* **Assigned task**
Only one span of the material below is wanted. Output it exactly, from the line with "- ☆ Up to sixth-person occupancy available" through the line with "Contact your sales", without any pictures.

* **Records shown**
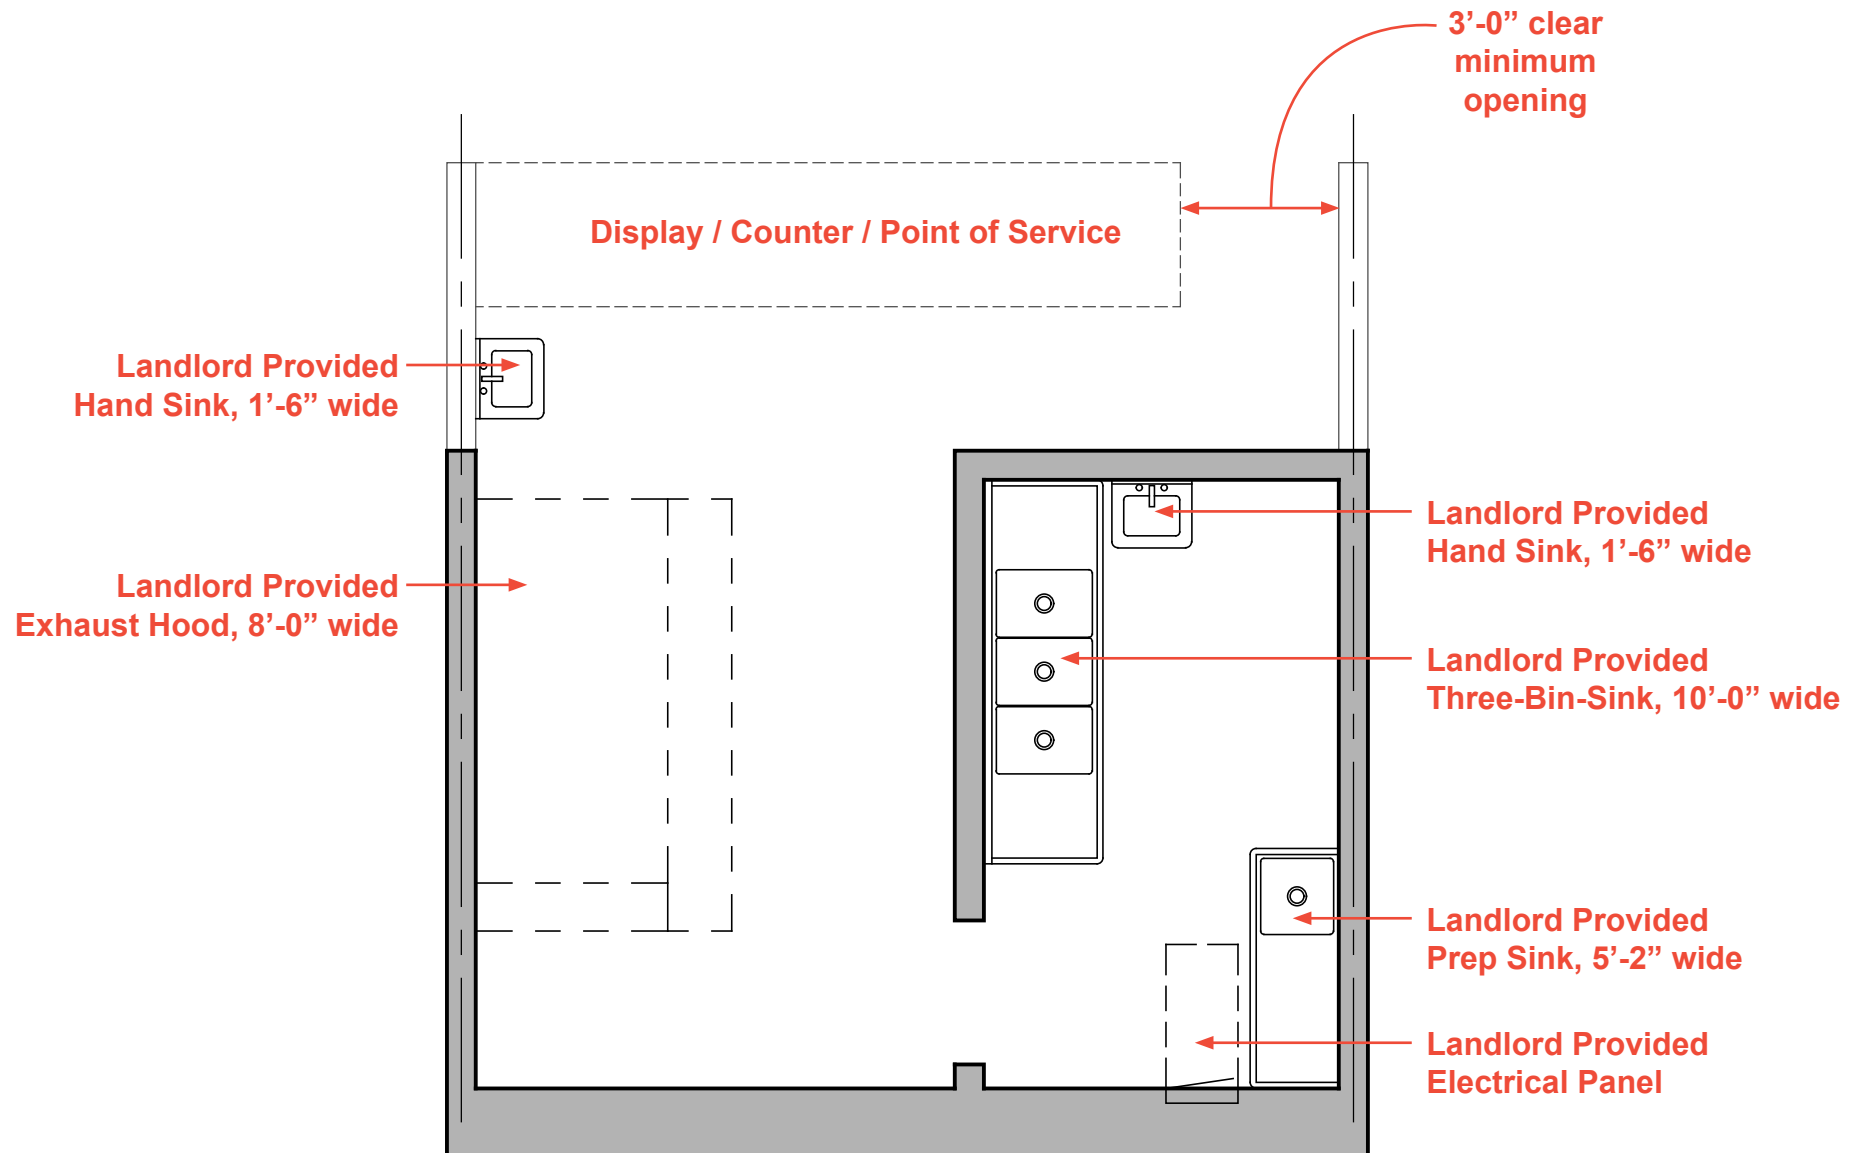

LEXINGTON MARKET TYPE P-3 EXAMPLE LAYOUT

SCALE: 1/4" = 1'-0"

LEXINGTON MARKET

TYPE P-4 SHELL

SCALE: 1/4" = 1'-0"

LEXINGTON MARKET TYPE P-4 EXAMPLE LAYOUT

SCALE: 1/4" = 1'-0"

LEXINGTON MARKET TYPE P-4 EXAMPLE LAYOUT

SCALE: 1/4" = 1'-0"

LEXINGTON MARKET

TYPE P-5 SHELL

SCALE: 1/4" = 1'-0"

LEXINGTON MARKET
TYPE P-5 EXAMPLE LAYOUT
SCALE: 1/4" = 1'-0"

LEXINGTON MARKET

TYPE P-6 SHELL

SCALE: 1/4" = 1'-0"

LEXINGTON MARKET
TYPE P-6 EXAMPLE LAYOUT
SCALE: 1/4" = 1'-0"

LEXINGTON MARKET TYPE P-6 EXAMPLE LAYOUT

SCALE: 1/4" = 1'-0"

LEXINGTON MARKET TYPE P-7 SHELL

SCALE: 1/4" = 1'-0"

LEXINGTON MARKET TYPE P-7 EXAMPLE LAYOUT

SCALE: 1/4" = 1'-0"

==

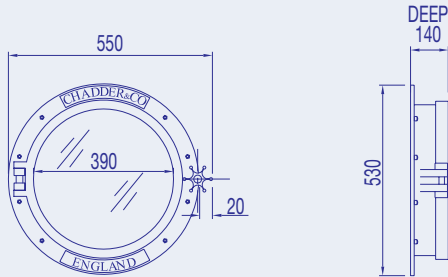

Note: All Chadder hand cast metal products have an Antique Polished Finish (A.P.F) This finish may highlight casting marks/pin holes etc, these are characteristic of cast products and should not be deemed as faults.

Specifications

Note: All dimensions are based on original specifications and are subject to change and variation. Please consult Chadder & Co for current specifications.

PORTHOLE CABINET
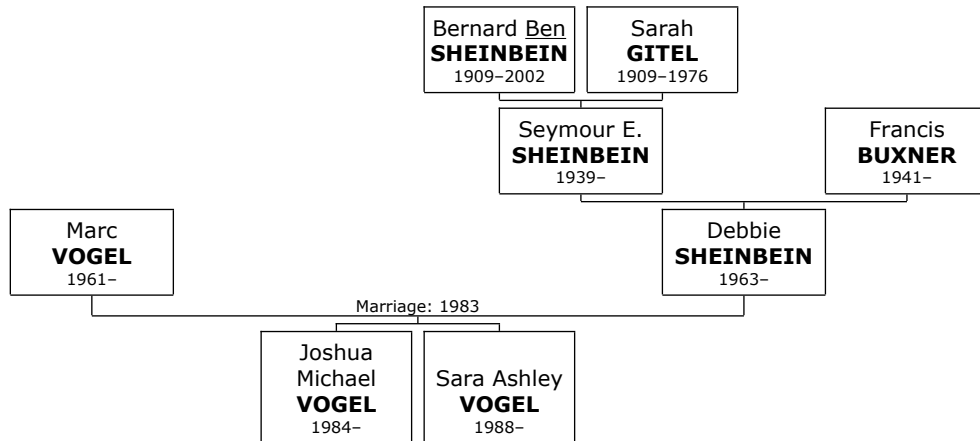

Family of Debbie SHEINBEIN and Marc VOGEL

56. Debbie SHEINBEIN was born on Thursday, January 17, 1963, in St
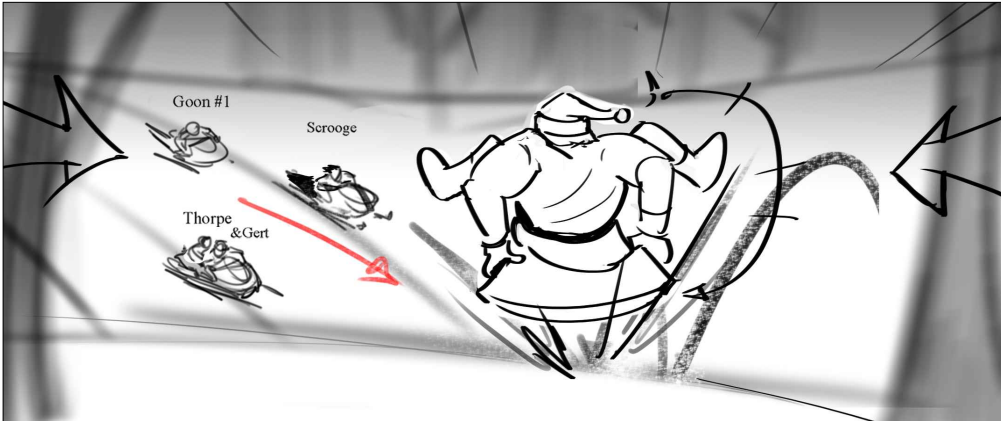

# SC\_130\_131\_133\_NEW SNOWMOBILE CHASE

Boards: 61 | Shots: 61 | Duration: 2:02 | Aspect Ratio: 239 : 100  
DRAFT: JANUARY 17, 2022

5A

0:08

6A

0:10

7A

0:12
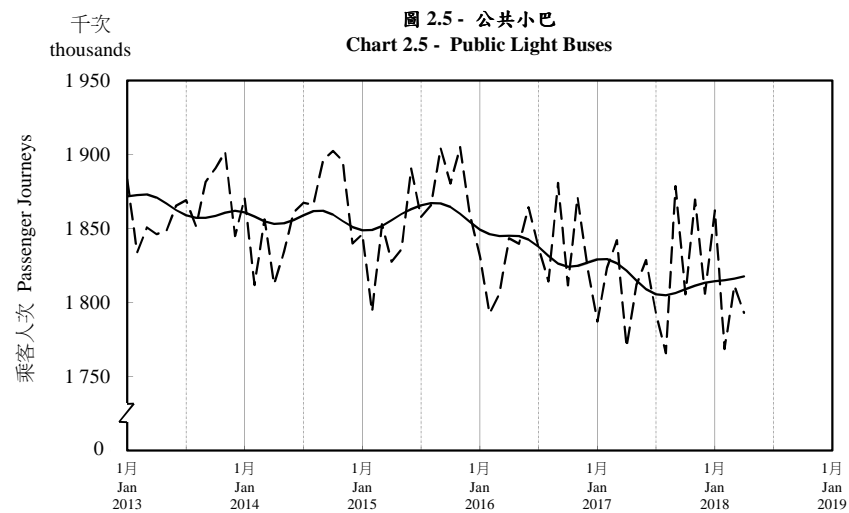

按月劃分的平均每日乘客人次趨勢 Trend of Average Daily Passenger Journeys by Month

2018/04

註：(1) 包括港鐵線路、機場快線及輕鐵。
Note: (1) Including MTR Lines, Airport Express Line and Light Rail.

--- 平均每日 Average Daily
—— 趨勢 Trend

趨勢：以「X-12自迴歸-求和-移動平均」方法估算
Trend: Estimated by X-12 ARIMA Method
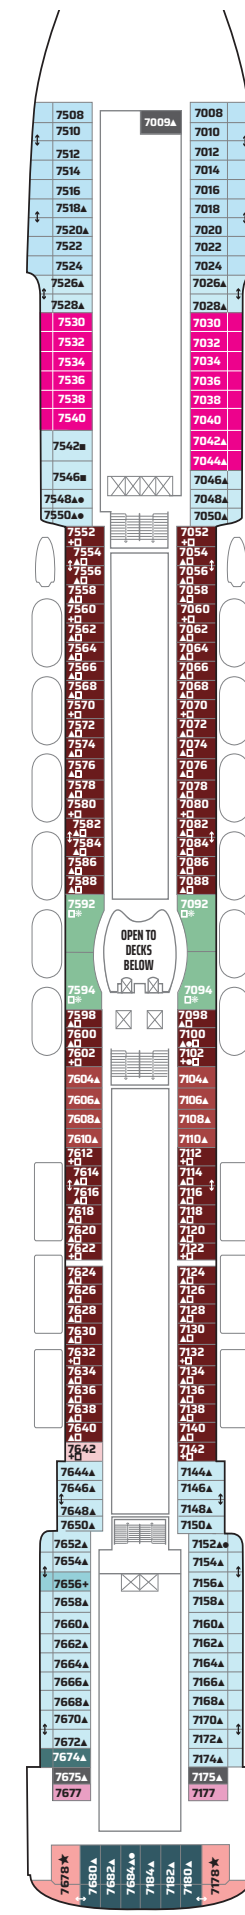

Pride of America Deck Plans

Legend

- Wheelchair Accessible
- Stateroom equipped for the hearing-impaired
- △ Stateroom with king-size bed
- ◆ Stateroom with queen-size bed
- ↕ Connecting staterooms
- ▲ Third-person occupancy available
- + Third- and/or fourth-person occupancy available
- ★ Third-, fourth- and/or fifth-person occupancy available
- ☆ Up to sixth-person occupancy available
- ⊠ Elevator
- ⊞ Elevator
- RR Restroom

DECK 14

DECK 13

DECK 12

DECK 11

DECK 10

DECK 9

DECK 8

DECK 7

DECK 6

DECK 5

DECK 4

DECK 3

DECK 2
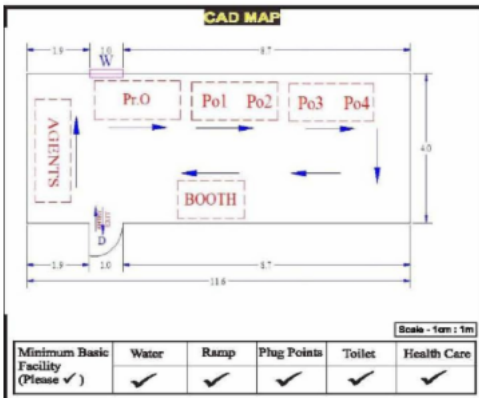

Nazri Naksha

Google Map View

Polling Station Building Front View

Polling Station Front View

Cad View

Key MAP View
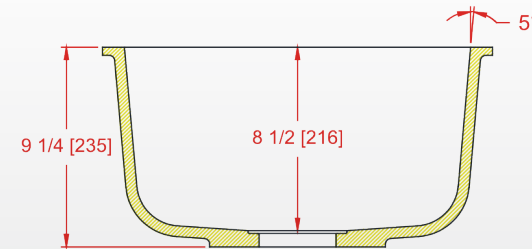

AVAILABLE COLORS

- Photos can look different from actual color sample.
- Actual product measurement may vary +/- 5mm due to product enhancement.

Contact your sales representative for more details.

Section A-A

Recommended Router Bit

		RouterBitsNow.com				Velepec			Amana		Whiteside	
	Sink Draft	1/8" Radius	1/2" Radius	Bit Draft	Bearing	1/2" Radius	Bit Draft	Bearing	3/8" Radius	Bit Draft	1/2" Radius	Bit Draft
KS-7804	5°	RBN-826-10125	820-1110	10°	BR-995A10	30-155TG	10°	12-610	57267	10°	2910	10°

* **Result of the exercise**
- ☆ Up to sixth-person occupancy available
- ⊠ Elevator
- ⊞ Elevator
- RR Restroom

DECK 14

DECK 13

DECK 12

DECK 11

DECK 10

DECK 9

DECK 8

DECK 7

DECK 6

DECK 5

DECK 4

DECK 3

DECK 2

Nazri Naksha

Google Map View

Polling Station Building Front View

Polling Station Front View

Cad View

Key MAP View

AVAILABLE COLORS

- Photos can look different from actual color sample.
- Actual product measurement may vary +/- 5mm due to product enhancement.

Contact your sales representative for more details.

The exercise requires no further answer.